## Exercise goal
Copy out every line in the entries below that includes "Arum".
═══ Input records
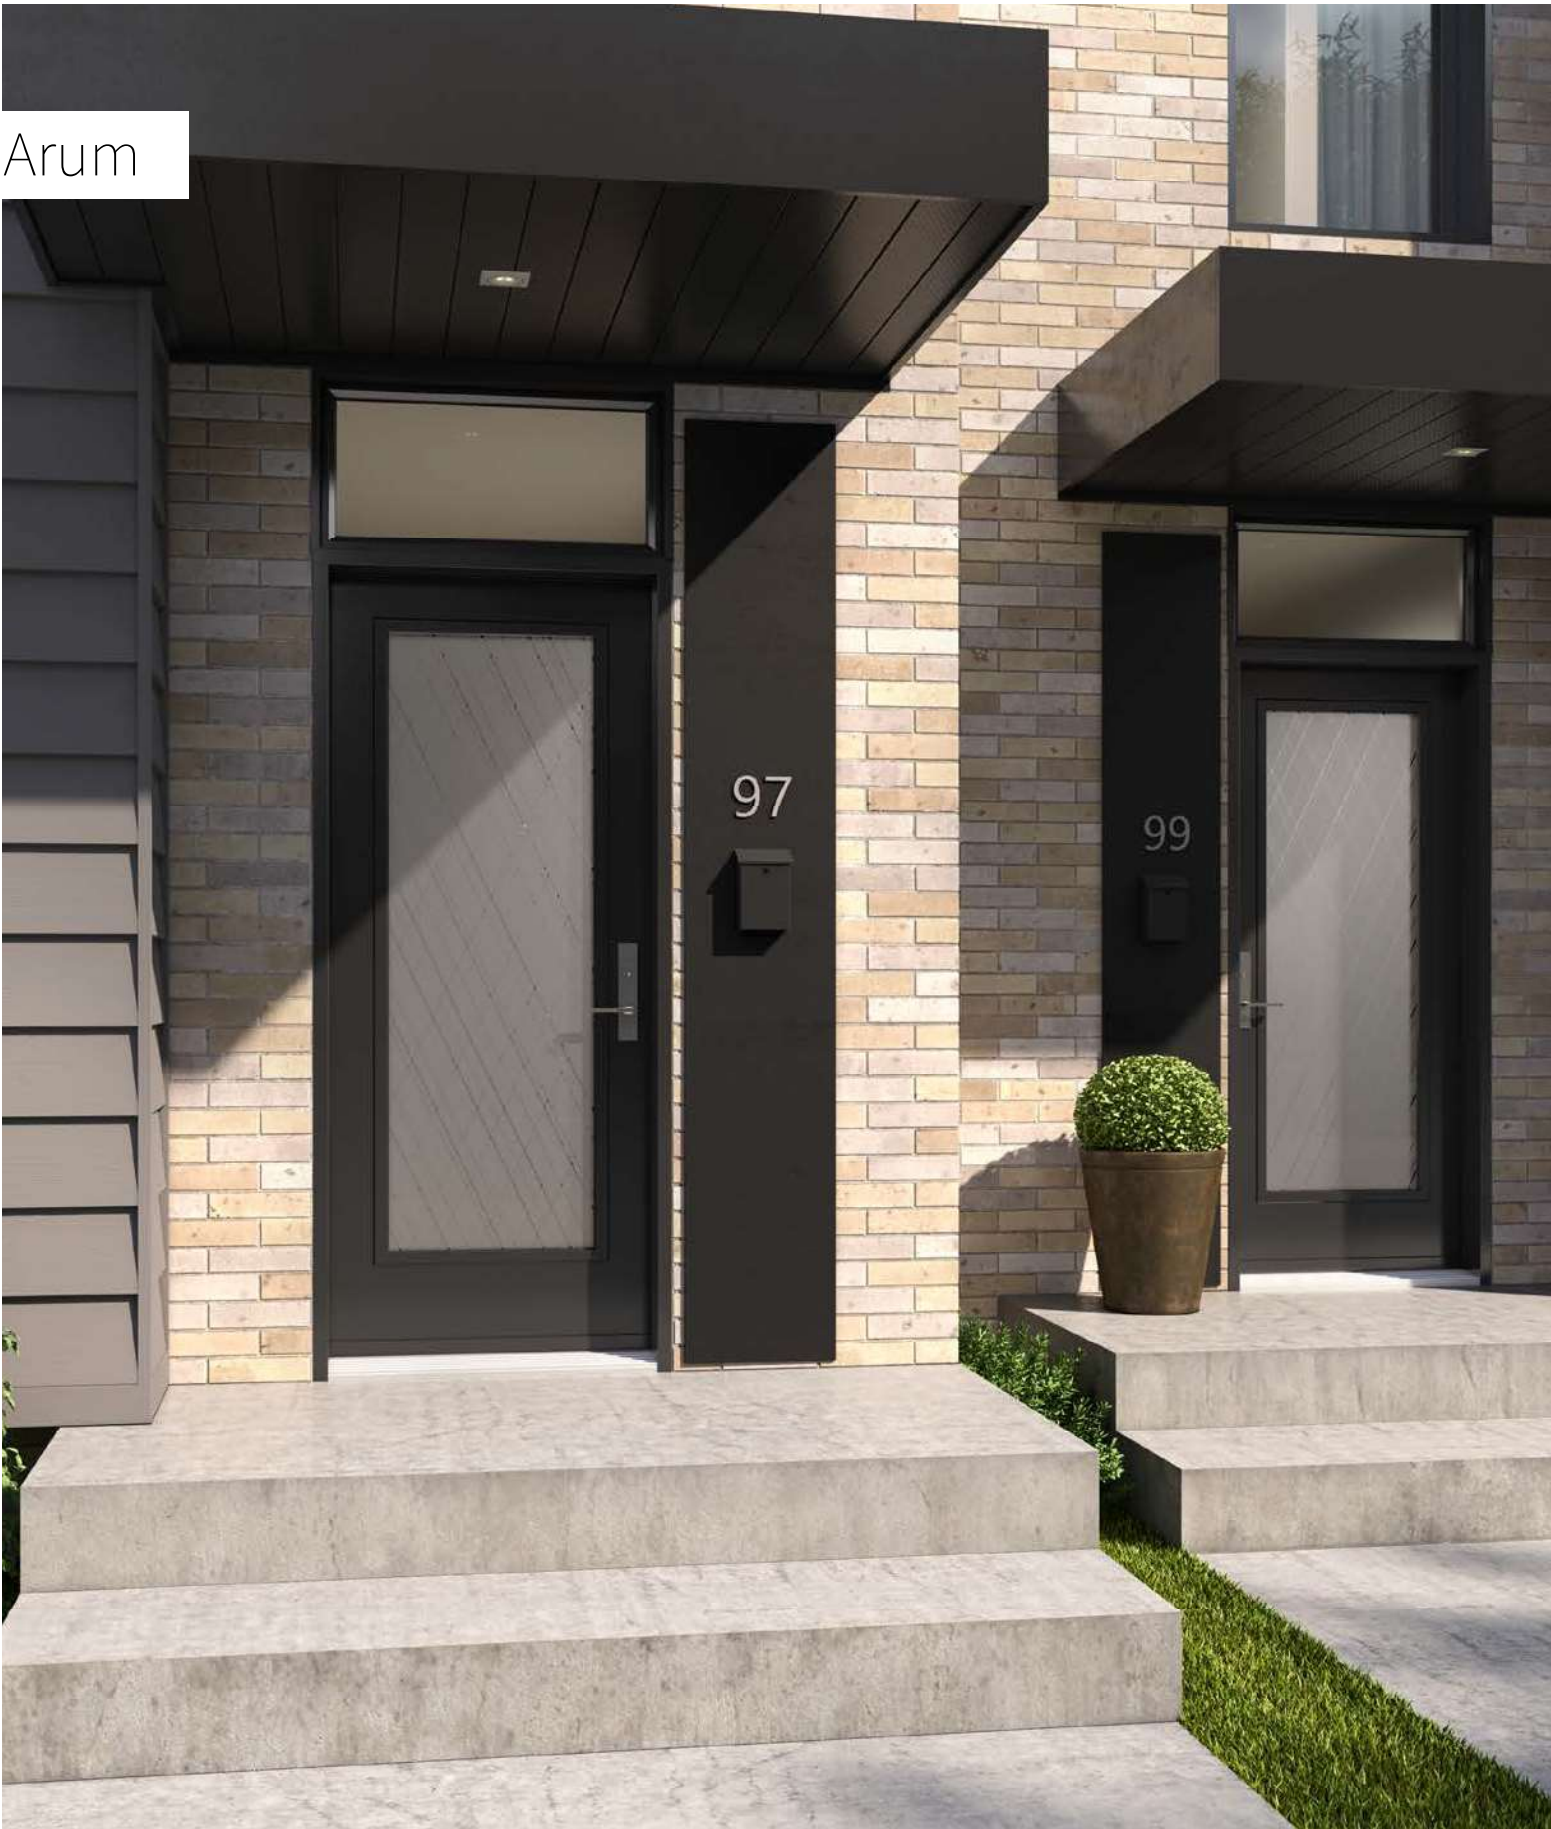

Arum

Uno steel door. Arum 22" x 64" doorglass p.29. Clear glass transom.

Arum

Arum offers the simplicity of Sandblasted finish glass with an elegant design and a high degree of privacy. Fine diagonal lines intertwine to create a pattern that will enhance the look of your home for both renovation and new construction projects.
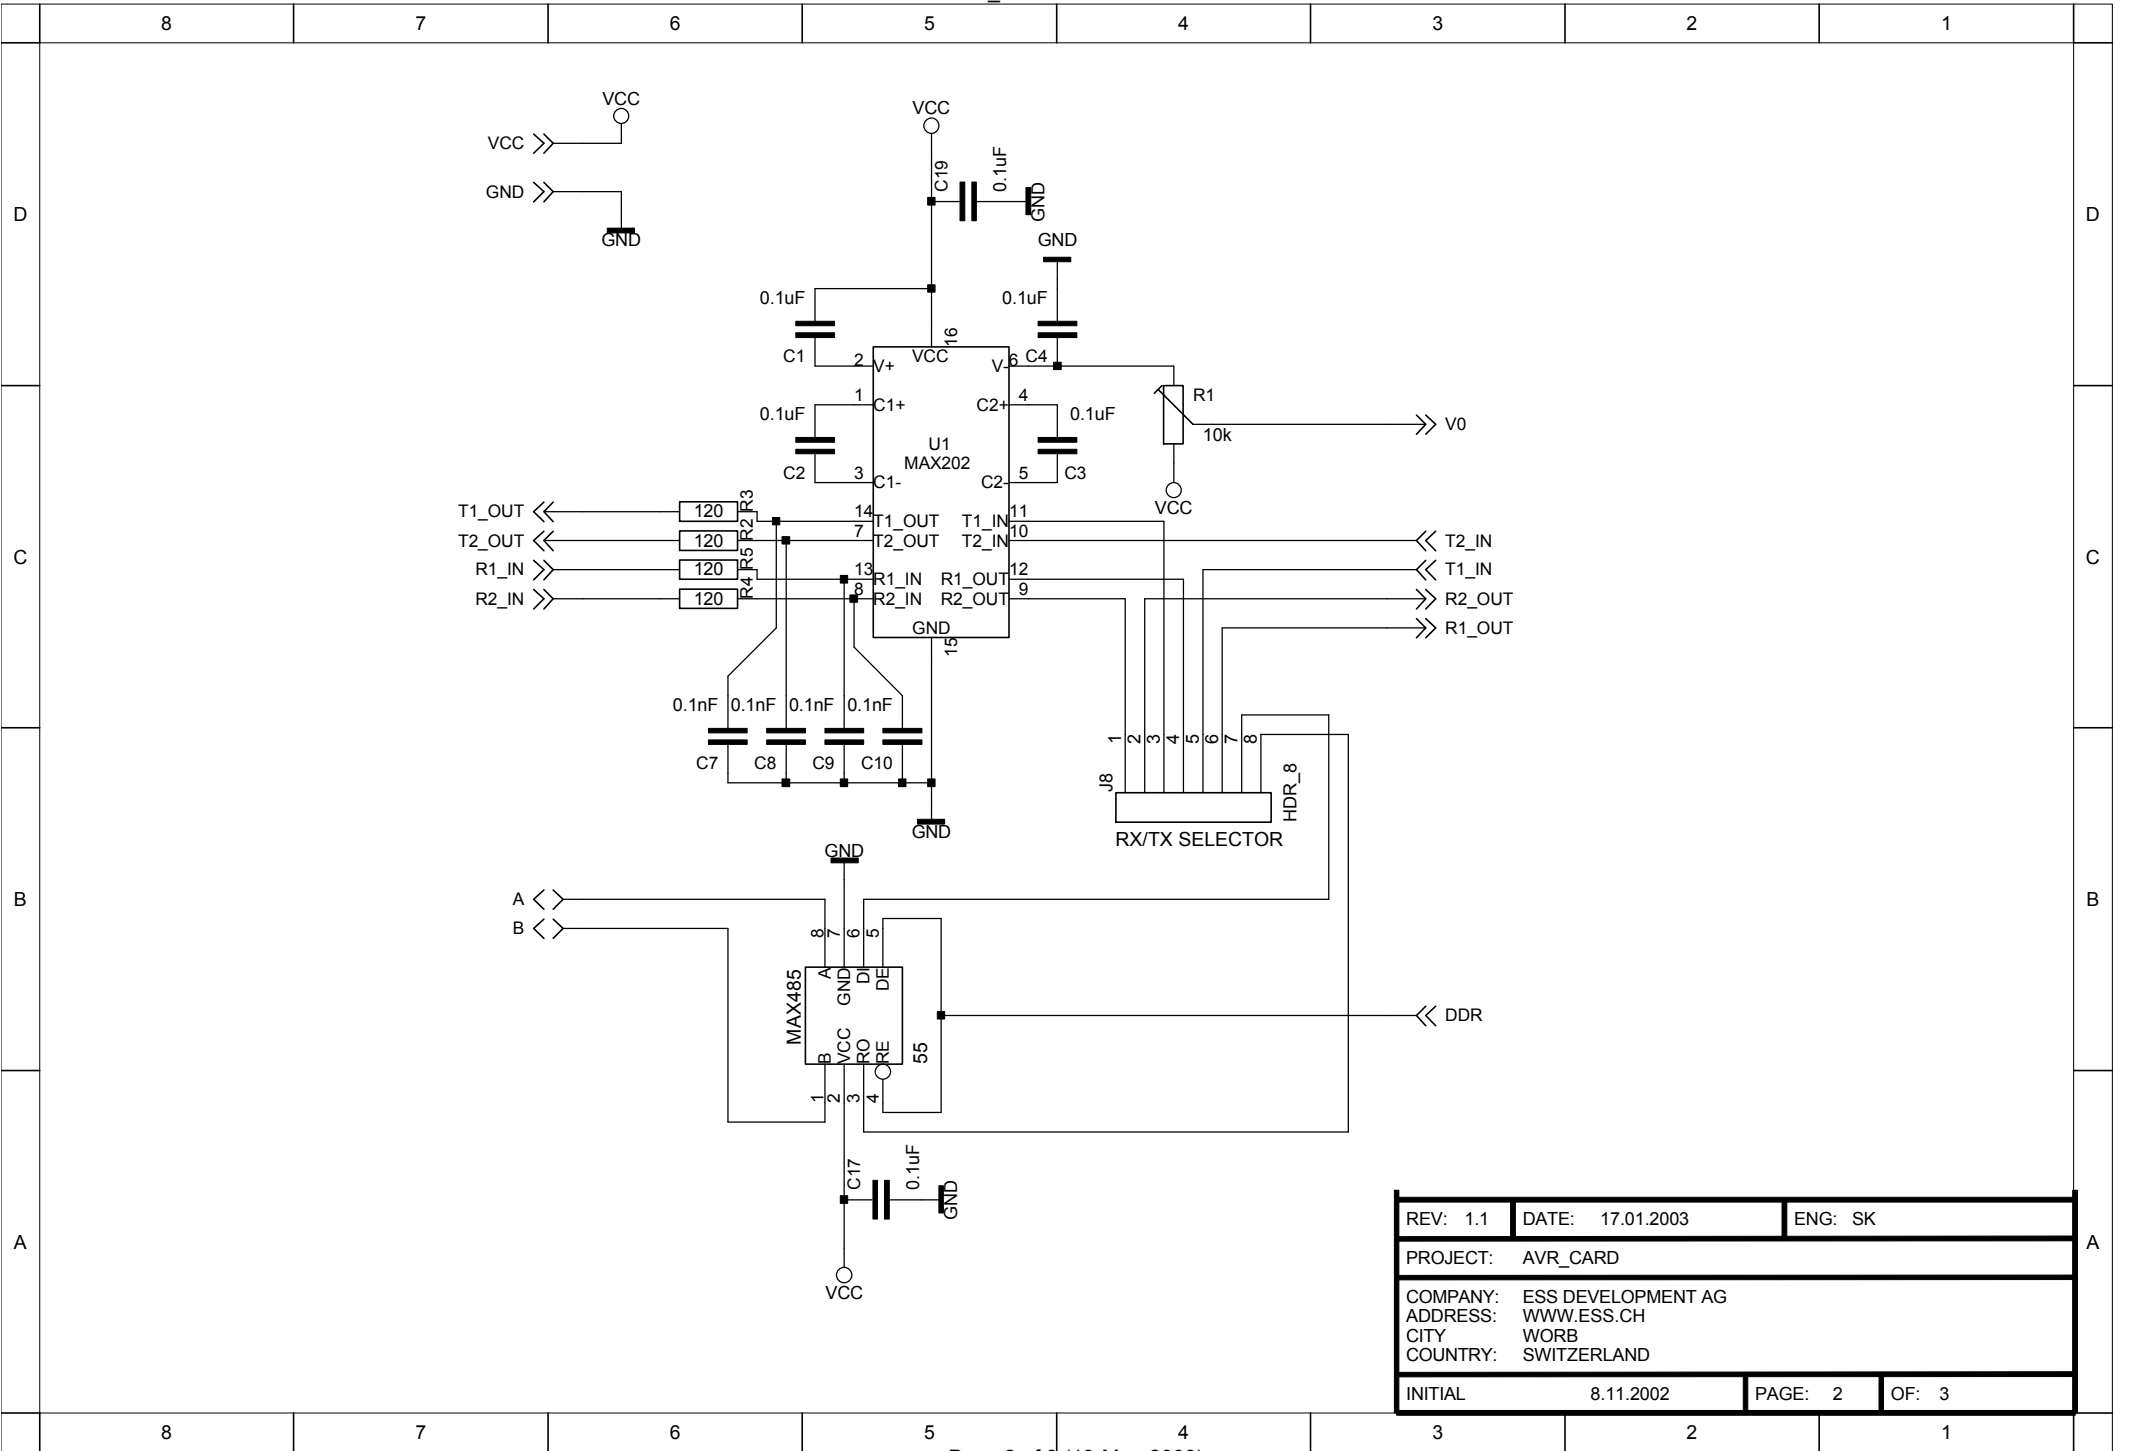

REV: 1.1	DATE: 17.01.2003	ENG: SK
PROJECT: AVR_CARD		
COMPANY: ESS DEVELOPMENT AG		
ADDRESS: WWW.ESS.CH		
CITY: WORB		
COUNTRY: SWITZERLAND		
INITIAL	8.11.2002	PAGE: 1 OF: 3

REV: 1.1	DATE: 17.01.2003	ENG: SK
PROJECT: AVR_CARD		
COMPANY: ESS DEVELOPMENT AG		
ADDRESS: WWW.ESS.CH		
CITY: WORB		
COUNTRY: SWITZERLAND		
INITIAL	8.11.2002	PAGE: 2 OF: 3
══════
## Written response
Arum
Uno steel door. Arum 22" x 64" doorglass p.29. Clear glass transom.
Arum
Arum offers the simplicity of Sandblasted finish glass with an elegant design and a high degree of privacy. Fine diagonal lines intertwine to create a pattern that will enhance the look of your home for both renovation and new construction projects.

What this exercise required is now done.